Reported revenue of $5.1 billion.
Reported GAAP diluted earnings per share (EPS) of $1.34.
Reported adjusted EPS of $2.31.
Launched four new electron microscopy systems for structural biology and materials science research, released the new iQ Series air-quality monitoring platform, and enabled the first FDA-approved gene therapy, which uses our proprietary magnetic bead technology.
Opened Precision Medicine Customer Experience Center in Guangzhou, China, to showcase our range of technologies and services for advancing personalized healthcare.
Completed acquisition of Patheon, adding leading contract development and manufacturing outsourcing services to significantly enhance our value proposition for biopharma customers.
Adjusted EPS, adjusted operating income, adjusted operating margin and free cash flow are non-GAAP measures that exclude certain items detailed later in this press release under the heading "Use of Non-GAAP Financial Measures."

"Our team executed very well to deliver another excellent quarter, with strong performance on the top and bottom line," said Marc N. Casper, president and chief executive officer of Thermo Fisher Scientific.

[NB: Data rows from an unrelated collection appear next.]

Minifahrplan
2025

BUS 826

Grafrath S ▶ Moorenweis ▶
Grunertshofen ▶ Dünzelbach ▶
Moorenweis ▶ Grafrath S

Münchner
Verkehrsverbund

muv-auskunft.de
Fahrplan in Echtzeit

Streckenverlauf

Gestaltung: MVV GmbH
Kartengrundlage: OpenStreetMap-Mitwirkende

"We also continued to set our company up for an even stronger future by successfully executing our growth strategy. Among the highlights in the quarter, we expanded our analytical instrument platforms for both life sciences and applied markets, and contributed to a groundbreaking achievement in gene therapy. In Asia-Pacific, we built on our industry-leading scale and depth of capabilities in China to help our customers advance precision medicine.

"We were also very pleased to close our acquisition of Patheon in late August. Two months into the integration, we’re even more excited about the new opportunities we have to help our pharma and biotech customers achieve their goals."

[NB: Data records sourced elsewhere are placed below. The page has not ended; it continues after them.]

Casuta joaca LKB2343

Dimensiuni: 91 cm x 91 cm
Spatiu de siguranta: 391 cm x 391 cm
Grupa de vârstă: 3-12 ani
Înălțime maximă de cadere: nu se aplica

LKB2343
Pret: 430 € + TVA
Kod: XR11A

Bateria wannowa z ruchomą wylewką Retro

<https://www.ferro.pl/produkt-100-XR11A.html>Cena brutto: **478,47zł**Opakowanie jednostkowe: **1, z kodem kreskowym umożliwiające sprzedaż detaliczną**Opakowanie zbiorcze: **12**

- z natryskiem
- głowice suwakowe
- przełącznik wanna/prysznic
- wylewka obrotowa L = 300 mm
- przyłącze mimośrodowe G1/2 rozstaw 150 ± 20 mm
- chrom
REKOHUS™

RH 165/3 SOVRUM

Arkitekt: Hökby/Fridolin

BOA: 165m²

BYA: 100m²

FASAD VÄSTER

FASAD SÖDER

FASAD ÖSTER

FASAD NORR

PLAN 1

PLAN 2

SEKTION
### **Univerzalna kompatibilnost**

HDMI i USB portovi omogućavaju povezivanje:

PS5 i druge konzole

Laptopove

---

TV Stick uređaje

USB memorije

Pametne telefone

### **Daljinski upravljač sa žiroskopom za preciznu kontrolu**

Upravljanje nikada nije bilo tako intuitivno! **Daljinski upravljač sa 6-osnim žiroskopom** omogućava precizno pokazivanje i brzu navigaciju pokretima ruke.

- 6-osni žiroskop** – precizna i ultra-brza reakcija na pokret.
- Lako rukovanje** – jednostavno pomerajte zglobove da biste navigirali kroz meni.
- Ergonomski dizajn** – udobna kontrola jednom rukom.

Casper concluded, "We’ve made great progress during the past nine months, and are in an excellent position to achieve our growth goals for the year."

Third Quarter 2017

Revenue for the quarter grew 14% to $5.1 billion in 2017, versus $4.5 billion in the third quarter of 2016. Organic revenue growth was 5%; acquisitions increased revenue by 8% and currency translation increased revenue by 1%.

GAAP Earnings Results

GAAP diluted EPS in the third quarter increased 13% to $1.34, versus $1.19 in the same quarter last year. GAAP operating income for the third quarter of 2017 grew to $636 million, compared with $541 million in the third quarter of 2016. GAAP operating margin was 12.4%, compared with 12.0% in the third quarter last year.

Non-GAAP Earnings Results

Adjusted EPS in the third quarter of 2017 rose 14% to $2.31, versus $2.03 in the year-ago quarter. Adjusted operating income for the third quarter of 2017 grew 13% compared with the same quarter last year. Adjusted operating margin was 22.9%, compared with 23.0% in the third quarter of 2016, reflecting the dilutive impact from the acquisition of Patheon.

2017 Guidance Update

Thermo Fisher is raising its 2017 revenue and earnings guidance to reflect the acquisition of Patheon, strong operational performance and a more favorable foreign exchange environment. The company is raising its revenue guidance to a new range of $20.50 to $20.66 billion versus its previous guidance of $19.71 to $19.89 billion. This would result in 12 to 13% revenue growth over the previous year. The company is raising its adjusted EPS guidance to a new range of $9.29 to $9.38, versus the $9.15 to $9.28 previously communicated, for 12 to 13% growth over 2016.

Segment Results

Management uses adjusted operating results to monitor and evaluate performance of the company’s four business segments, as highlighted below. Since these results are used for this purpose, they are also considered to be prepared in accordance with GAAP.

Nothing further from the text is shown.